A new book makes a valuable call for greater restraint in U.S. foreign policy.
By Amitai Etzioni
November 10, 2014
In his important new book Restraint: A New Foundation for U.S. Grand Strategy, Barry R. Posen raises one more call for restraint, although he reaches this conclusion in a distinct way uniquely his own. Posen finds that the United States has fallen prey to the illusion that it can – indeed, is being called upon to – bring to the nations of the world a democratic, stable form of government and a prosperous way of life to boot. He calls this thesis “liberal hegemony” and points out that its experiences in Vietnam, Iraq and Afghanistan should have made the United States realize that it cannot make this vision come true. The United States should therefore stop all its efforts at coercive state- and nation-building and limit its overseas interventions to those situations in which its major national interests are involved.
Showing such restraint would have major side benefits, according to Posen. He finds that many of the United States’ allies, especially the European countries and Japan, are currently “free-riders” that spend little on defense and rely on the United States to protect them. Cutting back on commitments to these nations, for instance by removing U.S. forces from their territories, would make them shoulder more of the burden. This self-imposed restraint would also rein in what Posen calls “reckless drivers,” especially Israel, that take undue risks because they assume that the United States will bail them out if they get into serious trouble.
Posen holds that the United States faces three challenges. One is the rise of China, which he views as much less of a threat than do several other observers. He points to the internal difficulties China faces and sees its ambitions as largely limited to the Asia-Pacific region, although in an aside he notes that ambitions of nations tend to rise as their capacities do. A second challenge Posen recognizes is the spread of nuclear weapons, and a third is terrorism.
Posen argues that the United States should deal with all these threats by maintaining sufficient military force to preserve “control of the global commons”: the seas, the air, space, and cyberspace. However, this could be achieved through greatly cutting the Army and somewhat building up the other branches of the military, which could allow the United States to reduce its defense budget from about 4.5 percent to 2.5 percent of GDP. The funds saved could be relegated to domestic buildup, which President Barack Obama, who seems also to be a champion of restraint but for political reasons cannot use the term, calls “nation-building at home.”
Readers may note that Posen has not escaped the challenge of all who write such books: that the world changes by the time books are printed, distributed, reviewed, and read, which still takes about as long as it did 30 years ago. Posen’s call to remove U.S. troops from the Middle East, in order to reduce the number of targets that terrorists could attack, must now be squared with the threat posed by the Islamic State, also known as ISIS or ISIL. The Islamic State has already forced the restrained U.S. president to re-commit American forces to the region. In effect, as I see it, the Middle East and Africa, not East Asia, remain the main challenges to U.S. security.

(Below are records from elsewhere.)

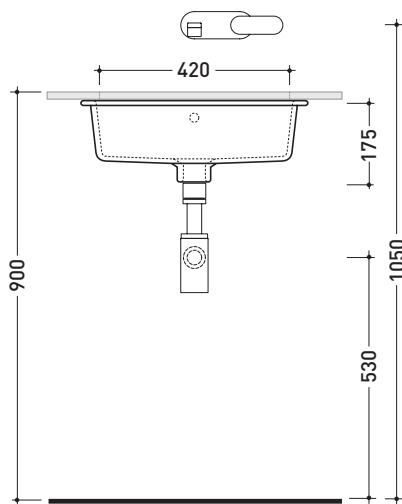

design L+R PALOMBA

1997

5057 Twin Set 42

Under-counter basin 42 cm

• WITH OVERFLOW • WITHOUT TAP LEDGE

Complements: **Line taps basin:** ONE - NOKÈ - FOLD - X1
Line accessories: TWO - HOOP - NOKÈ - FOLD

Technical accessories: **Chrome siphon (SIFL/CR) - Telescopic chrome siphon (SIFL066)**
Stop & Go drain (PLSG)
Ceramic Stop&Go drain (PLCE)
Two piece set chrome tap filters (RF026)

Package dim. 44 x 20 x 44 cm | Weight 10 kg | Pz. Pallet n° 24

CE UNI EN 14688 - CL20 Dop-No14688

vista zenitale / zenital view

foro consigliato sul piano ø 420
 suggested hole on the top ø 420

vista frontale / frontal view

sezione longitudinale / section

sizes in mm

Please consider a 2% tolerance on indicated measurements

CERAMIC: glossy finish

matt finish

Above all, the United States must worry about terrorists gaining small nuclear weapons one way or another, especially in Pakistan, and because jihadist groups with different names but similar fanaticism are popping up all over. I see no evidence that these forces can be “destroyed” in the foreseeable future, nor that the United States can bring about the political, social and economic changes – and, above all, cultural changes – that would end this threat. Dealing with these terrorist groups may well require considerable increases in special forces and a sizeable army to provide air and artillery support, transportation, supplies, and intelligence. This would be a major and, I suggest, much-needed reversal of the current approach: Special forces would be the main player, and the Army would serve as a platform, as opposed to using special forces as a sideshow or, indeed, as a “special” force. (I guess I should disclose that I served in the special forces, though in my days they were called “commandos”).

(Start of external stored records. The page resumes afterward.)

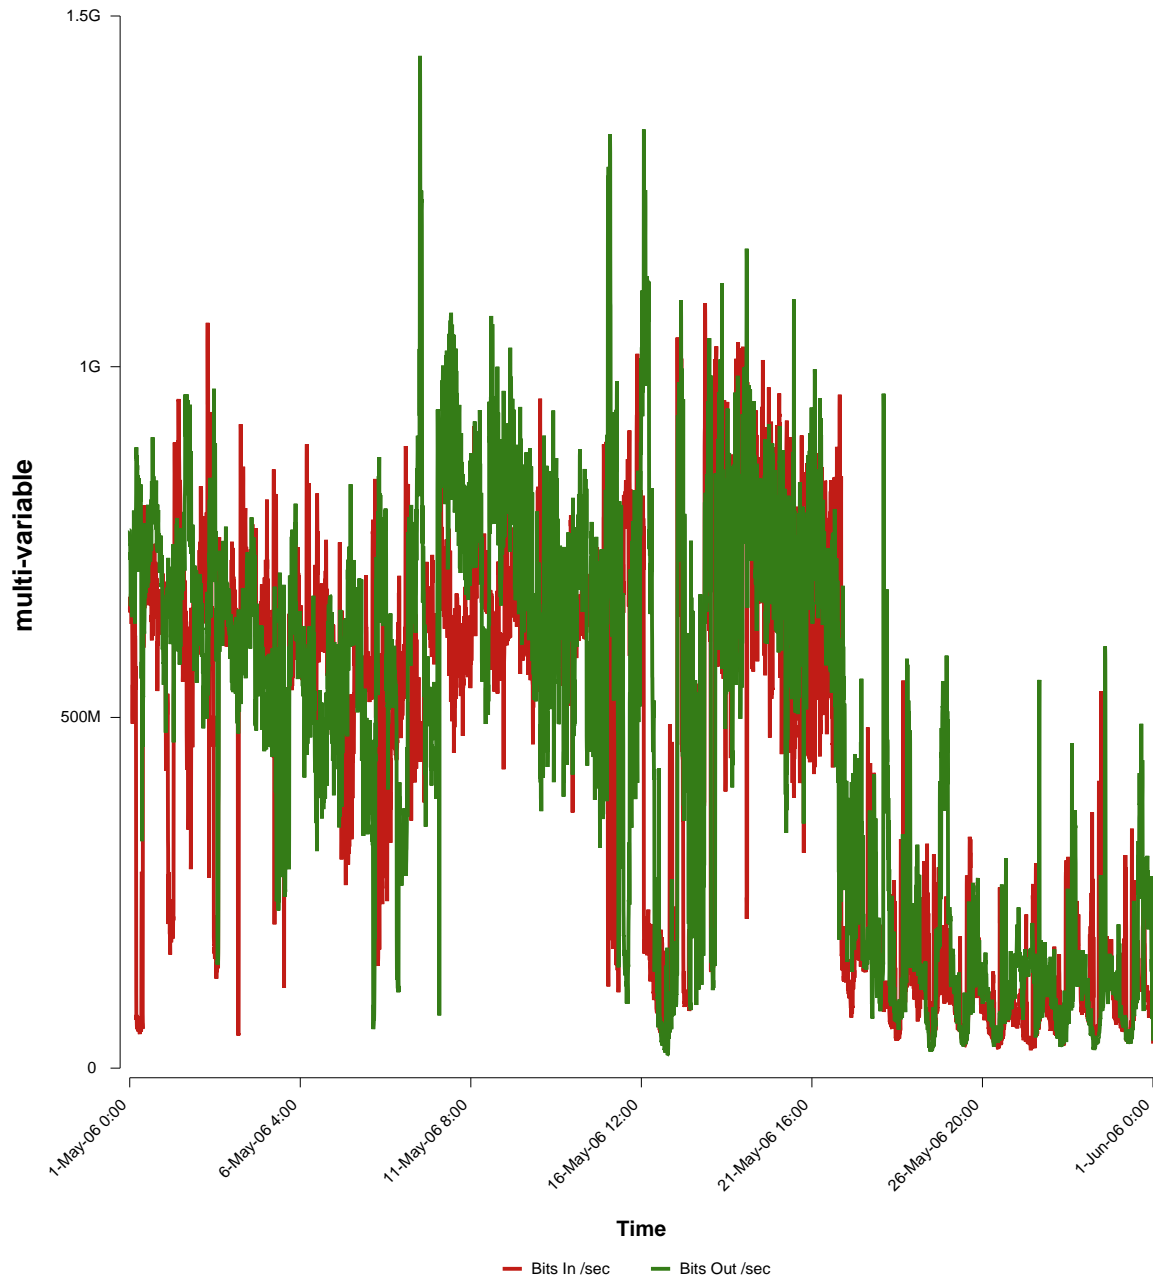

eHealth Trend Report

Divide by Time

SUNET-A-STHLM-KTH

Auto Range: Last Month
From: 2006/05/01 00:00
To: 2006/05/31 23:59

Created: 2006/06/02 05:50:15
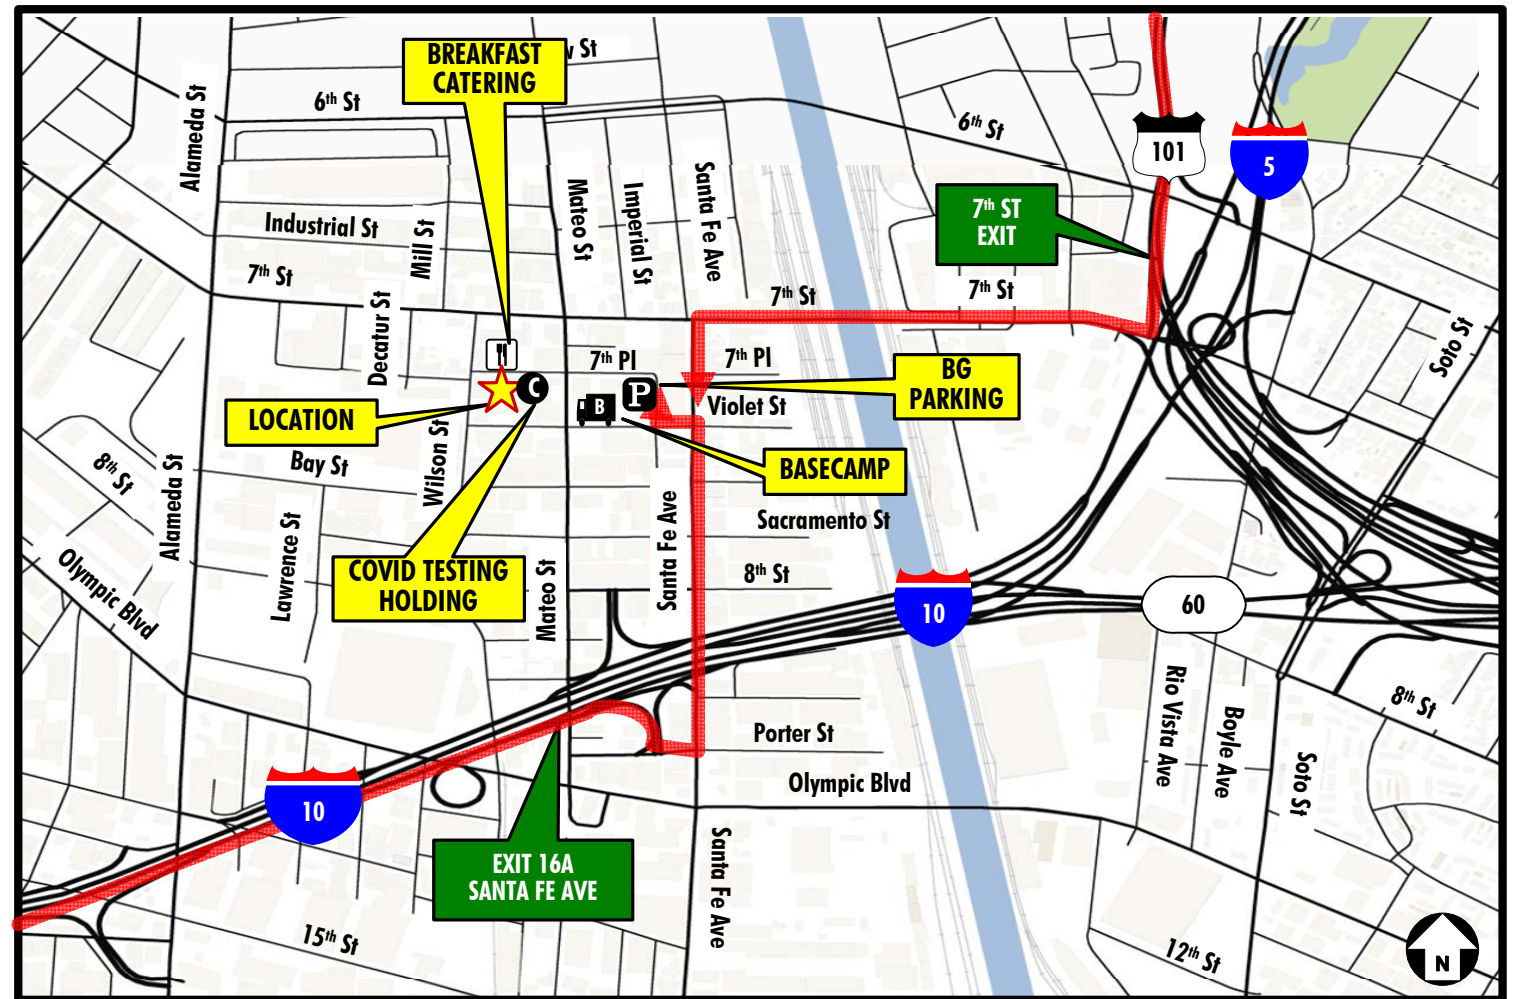

LONE STAR

"Austin Fire Station"

MAP IS CLOSE
TO SCALE

WEDNESDAY
APRIL 27, 2022

BG MAP

QR CODE

Aim the camera on your
smart phone on the
QR Code to pull up google maps
link to BG PARKING

Directions from the Valley / Hollywood

1. Take the 101 FWY SOUTH
2. Cross over the 110 FWY, stay to the RIGHT and follow SIGNS for the 101 FWY SOUTH
3. Go 1.5 MILES and take the 7th ST EXIT
4. Turn RIGHT onto 7th ST
5. Go 0.5 MILE and turn LEFT onto SANTA FE AVE
6. Go 0.1 MILE and turn RIGHT onto VIOLET ST
7. Go 200 FEET and turn RIGHT onto E 7th PL
8. Go 400 FEET, follow L.S. SIGNS and turn LEFT into BG PARKING Park as directed.

Directions from Santa Monica / Westside

1. Take the 10 FWY EAST
2. Go approximately 14 MILES and take the SANTA FE AVE EXIT
3. Stay RIGHT and follow SIGNS for SANTA FE AVE NORTH
4. At the end of the OFF RAMP turn LEFT onto PORTER ST
5. Go 225 FEET MILE and turn LEFT onto SANTA FE AVE
6. Go 0.4 MILE and turn LEFT onto VIOLET ST
7. Go 200 FEET and turn RIGHT onto E 7th PL
8. Go 400 FEET, follow L.S. SIGNS and turn LEFT into BG PARKING Park as directed.

LOOK FOR:

JB Henderson
Key Assist Loc Mgr
(415) 259-9195

Otherwise, I see a great deal of merit in Posen’s call for restraint. His focus on United States self-restoration dovetails well with the call for mutual restraint from the United States and China articulated by James Steinberg and Michael E. O’Hanlon in their valuable book Strategic Reassurance and Resolve: U.S.-China Relations in the Twenty-First Century. It provides additional support for the call for Mutually-Assured Restraint made by a group of American and Chinese public intellectuals and championed by myself. None of these scholars or books calls for endangering the United States’ core interests or those of other nations. They merely favor understanding that the leverage of even the most powerful nations is limited and that these powerful nations should therefore choose carefully when to commit their military forces, and they above all seek mutually beneficial solutions that do not rely on the use of force. This is what restraint is all about.
Amitai Etzioni is a university professor and professor of international relations at The George Washington University. He served as a senior adviser to the Carter White House and taught at Columbia University, Harvard University, and the University of California at Berkeley. His latest book is The New Normal: Finding a Balance between Individual Rights and the Common Good.